The Blu-ray image routinely exhibits what looks like a fine pattern of film grain, which is unusual in a digitally captured project, especially one photographed on Alexa. It's possible that this was engineered in post-production to match up the image with the Eighties time period, or it may be a byproduct of the consistent underlighting. In any case, the faux "grain" appears to be an inherent quality of the source and not a fault of the Blu-ray. (It can also be observed in the deleted scenes.) RLJ has departed from its usual penny-pinching and placed Mandy on a BD-50, allowing it a fairly healthy average bitrate of 27.99 Mbps. Let's hope that this aspect of the release marks the beginning of a trend.


Mandy Blu-ray Movie, Audio Quality  4.5 of 5

Mandy's 5.1 audio mix, encoded on Blu-ray in lossless DTS-HD MA, has numerous loud effects, particularly when there's violence happening, but some of the most interesting sonic tricks are subtler. A fine example occurs during the scene discussed in the "Feature" section where Jeremiah's face morphs back and forth with Mandy's. He is speaking the whole time, and his voice extends outward into the room, wrapping itself through all five speakers to place the viewer in the same disoriented space as the severely drugged Mandy. It's a terrific use of sound to underscore the psychological pressure being applied to the cult leader's latest victim.

By far the spookiest component of Mandy's soundtrack is the haunting electronic score by the late Jóhann Jóhannsson (Arrival), one of his last, which may be the film's most effective element when it comes to establishing the alternative universe for which the film's creator is so obviously reaching. Jóhannsson's abstract and unpredictable rhythms are an interesting choice for a film that relies on heavy metal for imagery and inspiration, but no one has every accused the film's director of consistency.

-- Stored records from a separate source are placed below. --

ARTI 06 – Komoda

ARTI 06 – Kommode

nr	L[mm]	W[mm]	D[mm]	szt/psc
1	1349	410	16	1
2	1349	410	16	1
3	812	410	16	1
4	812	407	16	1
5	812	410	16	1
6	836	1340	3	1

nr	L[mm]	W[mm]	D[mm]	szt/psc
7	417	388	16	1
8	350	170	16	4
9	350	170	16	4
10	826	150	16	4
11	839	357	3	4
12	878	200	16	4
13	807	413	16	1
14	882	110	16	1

Mandy Blu-ray Movie, Special Features and Extras  2.0 of 5

  • Behind the Scenes (1080p; 1.78:1; 21:49): An extended series of interviews with both cast and crew, played in voiceover against a background of film excerpts, concept art, storyboards and on-set footage.


  • Deleted & Extended Scenes (1080p; 2.39:1; 13:55): The scenes are not separately listed or selectable. A title card precedes each one.

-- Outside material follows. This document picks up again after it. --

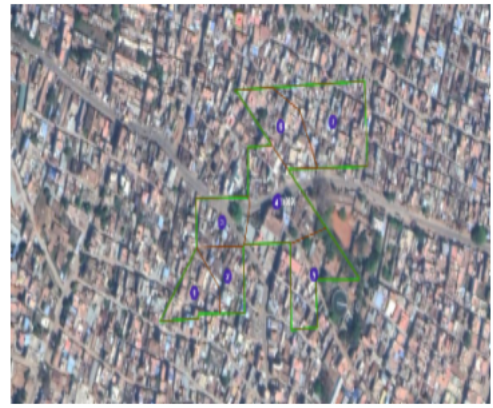

Google Map View

    I don't know what else was left on the cutting room floor, but these lifts reflect a clear effort to eliminate anything resembling "normal" human interaction that might give viewers an opportunity to reflect on Mandy's fundamental lack of credibility. Note that Cage has more dialogue in these scenes than in much of the film. The extended encounter with Caruthers (Bill Duke) provides additional background on the Black Skulls biker gang, and you can see why it had to be dramatically shortened. The more you learn about them, the more you roll your eyes at the scary campfire story they really are.

    • Gas Station
    • Red & Mandy Cook Dinner
    • Brother Swan and Sand Inside Van
    • Cheddar Goblin—Uncut
    • Caruthers Extended


  • Introductory Trailers: As usual with RLJ/Image Blu-rays, the film's trailer is not included. At startup the disc plays trailers for Brawl in Cell Block 99 and Dog Eat Dog.

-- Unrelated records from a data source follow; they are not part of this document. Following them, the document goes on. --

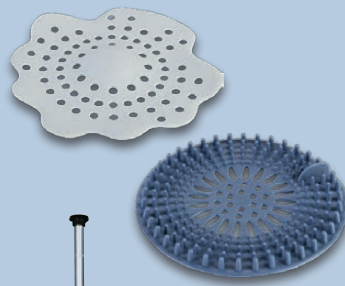

LIVARNO home Abfluss-Sieb

Geeignet für alle handelsüblichen Abflüsse bis 12 cm. Je Stück

1.49[*]

Zum einfachen Anschluss an eine bestehende Armatur

Weiteres Design

LIVARNO home Brauseset

Großer Komfortduschkopf (ca. Ø 18,8/17,6 x 17,6 cm) und Handbrause mit kräftigem Regenstrahl. Mit Wasserspareinsatz. Ca. H 100 cm. Brauseschlauch: ca. 150 cm. Anschlussschlauch: ca. 80 cm. Je Stück

LIVARNO home Teleskop-Badregal

Einfache Montage durch Klemmsystem. Ca. B 26 x H 123-260 x L 26 cm. Belastung: je Korb max. 3 kg. Je Stück

auch online

auch online

-10€

~~29.99^f~~
19.99[*]

^fLetzter Preis auf lidl.de zum Drucktermin

-10€

~~49.99^f~~
39.99[*]

^fLetzter Preis auf lidl.de zum Drucktermin

⁹Angebot ausschließlich für Nutzer der Lidl Plus App. Es gelten die Couponbedingungen in der Lidl Plus App. Mehr Infos unter lidlplus.de. ^RLidl Plus Preis gültig nur für Filialeinkauf. ^SCoupon nur einmalig einlösbar ^VNur Kunden, die Produkte im Lidl Onlineshop erworben haben, können diese ca. zwei Wochen nach Versand über einen personalisierten E-Mail-Link bewerten. Weitere Informationen finden sich auf der jeweiligen Artikelseite auf lidl.de und unter lidl.de/bewertungen/FAQ.

Mandy Blu-ray Movie, Overall Score and Recommendation  2.5 of 5

It says a lot about the industrially processed pablum being routinely served up by the major studios today that a deeply flawed but flavorful concoction like Mandy has been so widely praised (including, I must note in fairness, by my colleagues Brian Orndorf and Josh Katz, whose opinions I respect). But just because something is refreshingly different doesn't make it good, and Mandy is awful. If blood, nonsense and headache-inducing lighting are your idea of a good time, by all means acquire it. When the novelty wears off, you'll have nothing left but shiny cinematic sludge. If you want to experience a more inventive and entertaining blend of horror, heavy metal, deadly romance and, yes, anime, try Deathgasm. It's humorous by design, whereas Mandy actually expects to be taken seriously.